*** Opening Given data ***
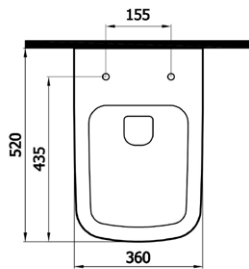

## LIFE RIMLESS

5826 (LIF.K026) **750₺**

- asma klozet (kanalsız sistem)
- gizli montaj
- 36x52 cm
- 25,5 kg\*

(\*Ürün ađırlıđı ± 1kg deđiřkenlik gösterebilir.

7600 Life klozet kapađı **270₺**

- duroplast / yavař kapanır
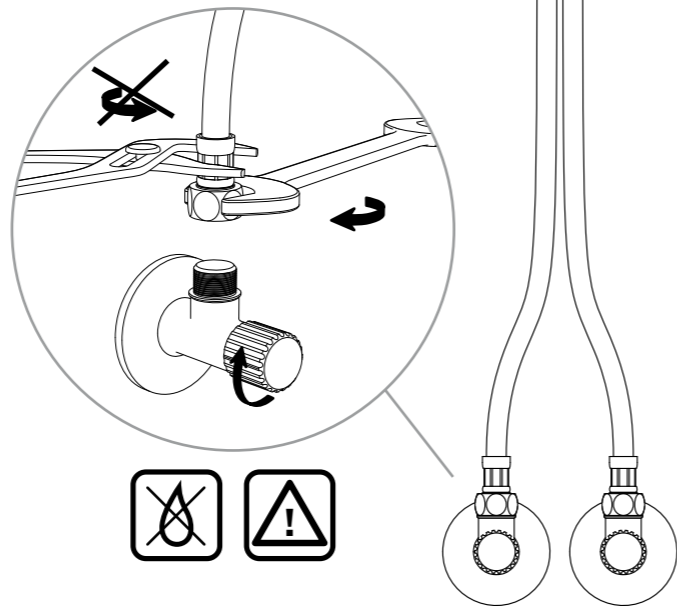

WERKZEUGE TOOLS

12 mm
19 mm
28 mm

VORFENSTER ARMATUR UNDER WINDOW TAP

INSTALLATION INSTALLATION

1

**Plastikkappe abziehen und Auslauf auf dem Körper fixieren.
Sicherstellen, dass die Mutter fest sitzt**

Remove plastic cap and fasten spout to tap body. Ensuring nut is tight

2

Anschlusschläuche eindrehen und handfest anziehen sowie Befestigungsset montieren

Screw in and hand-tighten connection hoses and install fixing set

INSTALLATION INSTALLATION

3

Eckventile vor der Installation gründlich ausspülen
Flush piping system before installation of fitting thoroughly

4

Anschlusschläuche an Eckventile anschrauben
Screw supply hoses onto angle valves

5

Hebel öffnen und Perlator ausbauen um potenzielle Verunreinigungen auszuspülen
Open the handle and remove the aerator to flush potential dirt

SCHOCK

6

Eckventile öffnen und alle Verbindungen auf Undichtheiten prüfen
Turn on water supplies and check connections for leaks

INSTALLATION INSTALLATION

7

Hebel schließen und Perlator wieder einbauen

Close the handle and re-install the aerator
*** Closing Given data ***
### What the task requires
Copy out only the lines of the records above from the one with "Eckventile vor der" through the one with "Hebel öffnen und", exactly as they stand, both included.

### Solution below
Eckventile vor der Installation gründlich ausspülen
Flush piping system before installation of fitting thoroughly

4

Anschlusschläuche an Eckventile anschrauben
Screw supply hoses onto angle valves

5

Hebel öffnen und Perlator ausbauen um potenzielle Verunreinigungen auszuspülen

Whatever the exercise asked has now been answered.